▶ [ACTIVITY] Locate every line in the records below that holds the word "Není" and return each one.

[Stored data]

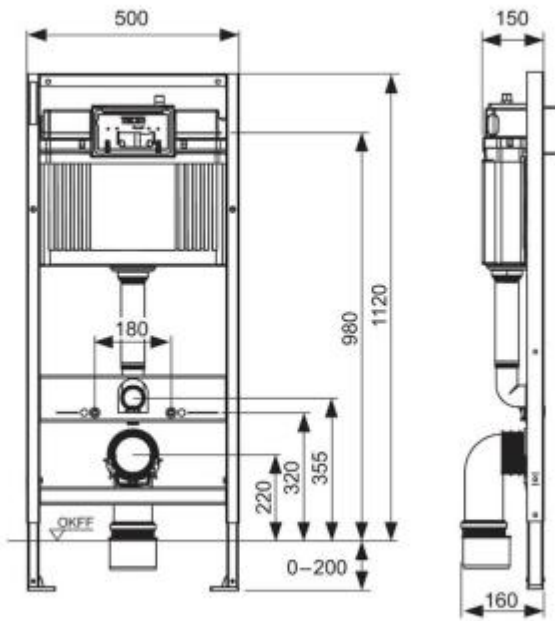

Комплект TECEbase 2.0 для установки подвесного унитаза с панелью смыва TECEnow 9400412 хром глянцевый

Характеристики

- Производитель: **TECE**
- Коллекция: **TECEnow**
- Страна-производитель: **Германия**
- Поверхность: **глянцевая**
- Материал: **пластик, сталь**
- Вариант: **панель смыва хром глянцевый**
- Тип: **инсталляция**
- Панель смыва: **хром глянцевая**
- Назначение: **для унитаза**
- Акционный товар: **да**
- Управление: **нажимное**
- С настенным модулем: **да**
- Коллекция панели смыва: **TECEnow**

Комплектация

- Комплект крепежных элементов для установки модуля
- Смывной бачок объемом 10 л, выборочный слив большого (4,5/6/7,5/9 л) или малого (3 л) объема воды
- Комплект крепежных элементов для установки унитаза (установочное расстояние 180 мм или 230 мм)
- Комплект патрубков с резиновыми манжетами для подсоединения унитаза
- Фановый отвод 90/100 мм
- Комплект защитных заглушек для патрубков
- Шаблон для отделки отверстия под панель смыва
- Комплект шумоизоляции
- TECEnow панель смыва с двумя клавишами
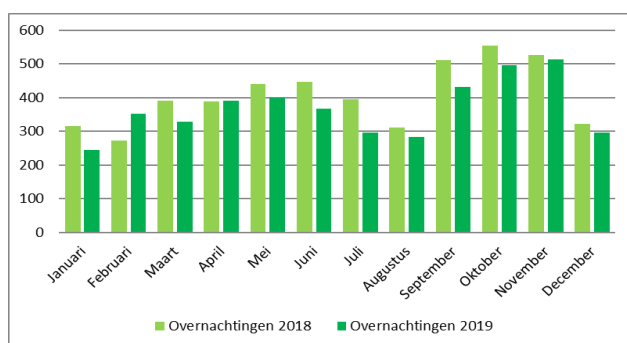

Evolutie aantal horecazaken Asse

Evolutie horecapersoneel Asse

Evolutie aantal overnachtingen Asse

Evolutie aantal overnachtingen Groene Gordel

ROUTENETWERKEN

39 km
fietsnetwerk

99 km
wandelnetwerk

25 km
fietslussen
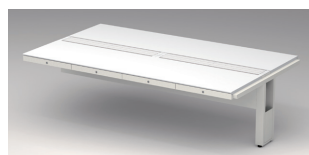

両面ジョイントセット

ST-247SH-8J WS / W4
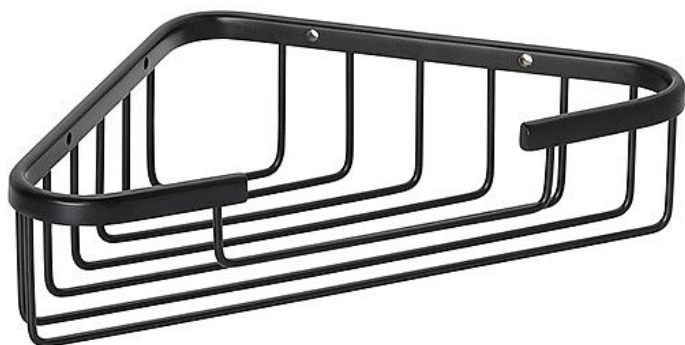

CYTRO: Polička do sprchy rohová

» Koupelna » Koupelnové doplňky » Police

Objednací kód	BEM102308120
Malé balení	1,00
Výrobce	BEMETA DESIGN
EAN	8592207034367
Jednotka	ks

Prodejna Masná:	Není skladem
Prodejna Slovinská:	Není skladem

Další informace

Rozměr - délka	15,0 cm
Rozměr - šířka	24,5 cm
Rozměr - výška	6,0 cm

Výrobce	BEMETA DESIGN
Barva	Černá
Povrchová úprava	Lak
Série	CYTRO
Materiál	Nerez
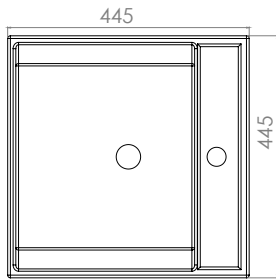

TH-004

Negro/Blanco

Tina freestanding Incluye contra

Medidas: Ancho 800 x Largo 1695 x Alto 580 mm

Material: Fibra de Vidrio

TH-001

Blanco

Tina freestanding Incluye contra

Medidas: Ancho 750 x Largo 1695 x Alto 580 mm

Tina hidromasaje 10 jets, 13 burbujeros y Cromoterapia

Medidas: Ancho 870 x Largo 1730 x Alto 810 mm

Lavabo Sobre Cubierta

Acabado: Blanco
 Material: Cerámica
 Medidas: 450 x 450 x 100 mm
 Con orificio para monomando

LC-033

Lavabo Cerámica de Encastre

Material: Cerámica
 Medidas: 620 x 470 x 180 mm
 Con rebosadero y orificio para monomando

LC-035.60

Lavabo Cerámica de Encastre

Acabado: Blanco
 Material: Cerámica
 Medidas: 800 x 460 x 170 mm
 Con rebosadero y orificio para monomando
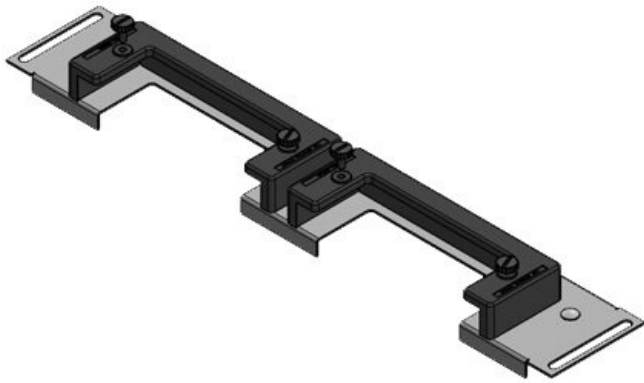

KDRS-ESR-VX25-1000-44514

Codice	44514	Per larghezza	1.000 mm
EAN	4251269321	quadro	
	122	Dimensioni	402 mm
Unità di	1	apertura di	
imballaggio		fondo quadro	
Lunghezza	438 mm	Adatto a	2 × KEL-U 24
Larghezza	75 mm	passacavi:	/ KEL-QUICK
Altezza	44 mm		24
Lunghezza tot.	438 mm	Adatta a	Rittal VX25
piastra		quadro

▶ [SOLUTION TO THE EXERCISE]
Prodejna Masná:	Není skladem
Prodejna Slovinská:	Není skladem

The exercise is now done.